The main drawback in the utilization of casein is its high hydrophilicity, imparting low water resistance to the films. For this reason, in another study, Gugliotta and coworkers added hydrophobic zein to mitigate the high hydrophilic character of casein (methacrylated or not) in their latex formulation.¹²² They prepared waterborne hybrid nanoparticles, by emulsifier-free miniemulsion polymerization of butyl acrylate, methyl methacrylate, or octadecyl acrylate, containing both proteins (at the surface) and acrylate (in the core) that showed enhanced mechanical properties and good soil biodegradation (only the casein part of the composite latex was degraded). The contact angle experiments with water showed that the incorporation of zein in the hybrid particles increased the film surface hydrophobicity compared to the zein-free hybrid casein/synthetic polymer film. In order to demonstrate that the miniemulsion polymerization was an adequate process for zein incorporation, they physically mixed the acrylate latex with both proteins; however, in this case the resulting polymer film presented phase separation due to the incompatibility of the components.

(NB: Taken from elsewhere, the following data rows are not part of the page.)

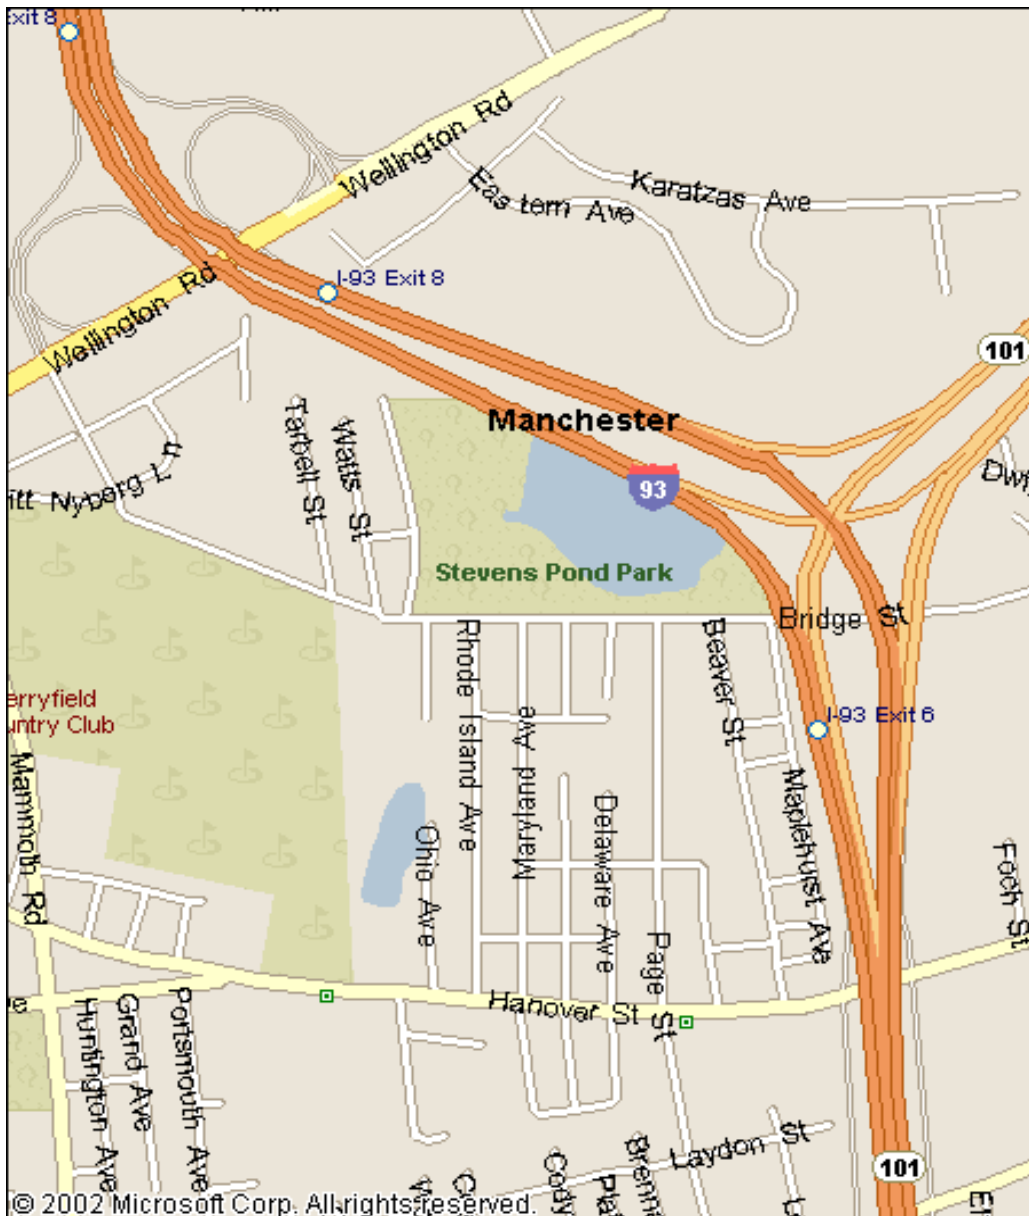

There is a sign at the corner of Robinson Road and Bridge Street that reads:

Stevens Pond Park
Tom Padden Field
Manchester East Soccer
League/Manchester Girls Softball League

There is a parking lot on the right hand side and the fields are on the right. The Senior Field is the one in the middle right after the softball field.

From the South

1. Take Mammoth Road (Rt. 28A) heading north to Bridge Street.
2. Turn right onto Bridge Street.
3. Go to the first set of lights and turn right (this is still Bridge Street).
4. Follow Bridge Street for ½ mile past the Precious Blood Monistary (on the left) and Derryfield Golf Course (on the right) to Robinson Road on the left.
5. Turn left onto Robinson Road.

Directions to MESL Fields

From the West

1. Take Bridge Street heading east to Mammoth Road.
2. Continue on Bridge Street crossing over Mammoth Road to the first set of lights.
3. Turn right at the lights (this is still Bridge Street).
4. Follow Bridge Street for ½ mile past the Precious Blood Monistary (on the left) and Derryfield Golf Course (on the right) to Robinson Road on the left.
5. Turn left onto Robinson Road.

Another example of the use of modified-casein was described by Ronco and coworkers¹²⁸ where casein was used as a surfmer to stabilize seeded emulsion polymerization. Ronco and coworkers, using the procedure developed by Huang and coworkers,¹²⁶ modified hydrophilic starch with hydrophobic zein protein by ionic complexation. The new starch/zein bio-particles were hydrophobic and their introduction in the core (seed) of an acrylic polymer (BA/MMA: 80/20 mass ratio) was possible by batch and semi-batch seeded emulsion polymerization. The utilization of modified-casein as surfmer permitted the latex to be stabilized and the final latex bio-content to be increased. The hybrid particles exhibited a multilobular morphology, composed of a core of starch/zein bio-particle aggregates surrounded by many lobules of the acrylic copolymer.

Despite the provided modifications, such as the addition of tannic acid as cross-linker or the use of zein as a water repelling protein, the water resistance of hybrid casein/synthetic polymer films still needs deeper evaluations for applications in coatings.

In the above articles, the bio-content of the hybrid protein/synthetic polymer latex was limited to the protein fraction. To increase the bio-content of the latex particles, Leiza and coworkers combined hydrophilic casein (native or methacrylated) with hydrophobic 2-octyl acrylate and IBOMA as bio-based monomers.⁵⁴ Thus, they copolymerized OA and IBOMA by emulsion polymerization in batch or semi-batch, in the presence of casein, as described previously (Fig. 7d). Notably, they reported that the addition of about 5% wbm of petro-sourced MMA, with sufficient solubility in water, was necessary to reach high monomer conversion. This is due to the complication of the nucleation step when very hydrophobic monomers such as OA or IBOMA are used in emulsion polymerization.

Soy

Soy protein is a byproduct isolated from the soybean oil industry. Its utilization is gaining increasing importance because it is a renewable, biodegradable and an inexpensive byproduct of the agricultural industry.¹³¹ Similar to casein, soy protein presents poor water resistance and low bonding strength. To overcome these disadvantages, it was used as a hydrophilic component in emulsion formulations. For example, Chen and coworkers investigated the potential of soy protein as macromonomer to develop a formaldehyde-free adhesive capable of curing at ambient temperature.¹³² First, they functionalized soy protein with N-methylolacrylamide and copolymerized the resulting protein monomer with styrene by aqueous emulsion polymerization (Fig. 24). At the end of polymerization and after freeze-drying, 8 wt% (based on soy mass) methylene diisocyanate was added to the polymer as cross-linker to form a soy-based cured-adhesive at room temperature. The resulting material showed high shear strength (1.04 MPa) and high water resistance.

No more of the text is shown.